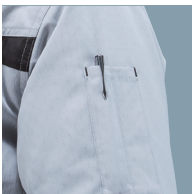

Asian Size/EU&US Size  
(in cm)

Air circulation inner  
photo: DFJ212A

Stretchable fabric

Zip fastener with  
quick release  
function

Pen pocket

Snap button and  
rubber shirring for  
hem adjustment

**DFJ214A**  
Polyester

== == ==

DESCRIPTION OF THE TASK -
Drop the pictures and set down the data above exactly.

SOLUTION BELOW -
Asian Size/EU&US Size  
(in cm)

Air circulation inner  
photo: DFJ212A

Stretchable fabric

Zip fastener with  
quick release  
function

Pen pocket

Snap button and  
rubber shirring for  
hem adjustment

**DFJ214A**  
Polyester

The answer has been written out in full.